Quick Year to Date Statistics
Adams County currently has 10% fewer homes on the market than this time last year, however sales volume in July was down over 18% versus July 2015.
Arapahoe County currently has 8% more homes on the market than this time last year, however sales volume in July was down over almost 23% versus July 2015.
Denver County also has a higher inventory of homes on the market than this time last year, up 4.5%. Sales volume in July was down over 16.6% versus July 2015.
Douglas County’s inventory of homes on the market is up 13.3% from this time last year. Sales volume in July was down over 23% versus July 2015.
Elbert County currently has a 90-day supply of homes and sales volume is up 1% over this time last year.
Jefferson County’s supply of homes is pretty much equal to last year’s at this time, however sales volume is down 18.5% versus this time last year.

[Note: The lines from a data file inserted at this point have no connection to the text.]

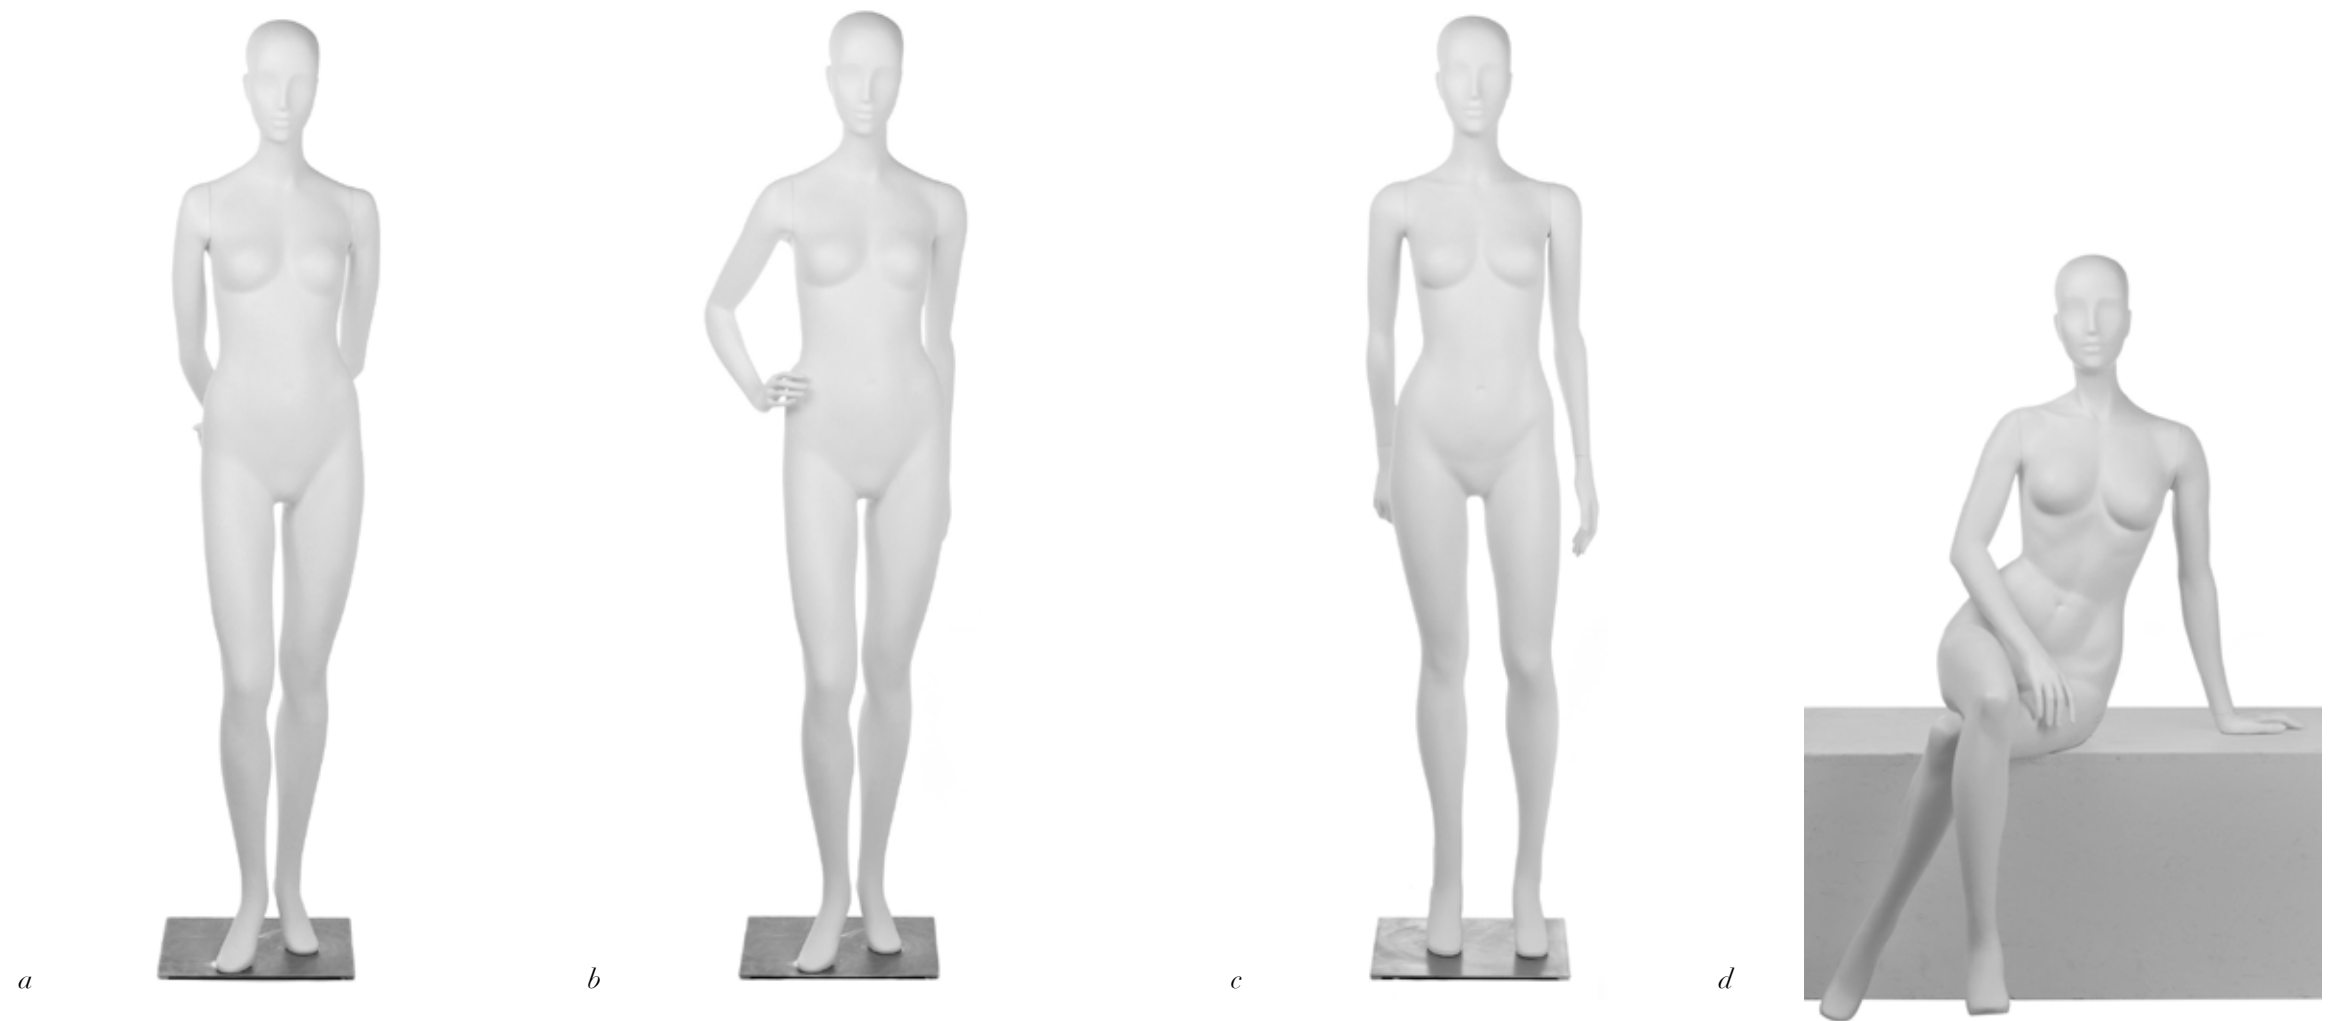

fashion: **ADORE**

a/AIMEE BACK ARMS
500-1432

b/AIMEE HIP ARM
500-1481

c/ANNA
500-1482

height 71"
bust 33"
waist 25"
hips 35"
inseam 32"
heel 3"

d/AUDREY
512-1429

bust 33"
waist 23.5"
hips 36"
inseam 34.5"

NOTES: *poses a and b share a torso. arms are interchangeable for these poses*

I think the level of inventory is still low enough to cause this market to favor sellers more than buyers in every price point. That being said, I think at least until spring, buyers’ s purchasing power is higher now that it has been in the last couple of years. It is another opportunity for buyers to take advantage of this incredible low interest rate environment. It is an especially good time for any of you who own a home in the sub $400K range to reaps the rewards of the appreciation you’ve gained and move up to another price point that hasn’t seen as much relatively speaking.
There is a good chance that we will see a trickle up effect from all the rental units coming on the market in the next 12 months. The Denver market is in the top 10 for the number of rental units coming on line. That could lead to a surplus of units which will lead to a drop in rental prices; making renting more affordable than purchasing. In turn that could curb some of the demand for entry level housing. It’s probably an 18 + month cycle but an interesting conversation when attempting to determine what the market will do in the next couple of years. There are already signs that commercial lenders are being more cautious in lending for apartment projects.
I do think the current political environment surrounding the presidential election is not doing anyone a favor when it comes to creating any kind of consumer or business confidence. I am hopeful that once the dust settles after November, we will see an upward bounce in confidence. That should lead to a typical busy spring season especially since we have a bit of a cushion in the interest rate market. Rates could go up a bit and still be where they were during much of the recovery.
Meantime, our market will continue to perform well, albeit a bit slower than 2015 and early 2016. August and September are really important indicators as to whether we were seeing a normal seasonal adjustment in July or if there the market is cooling off more than a marginal 5% or so in sales volume. If you remember, the spring and early summer last year were very wet and that led to a longer selling season, so I’m not totally shocked to see a one month drop off in sales. Especially considering we are now in the thick of a contentious election and the effect the high volume of incorrectly priced properties is having.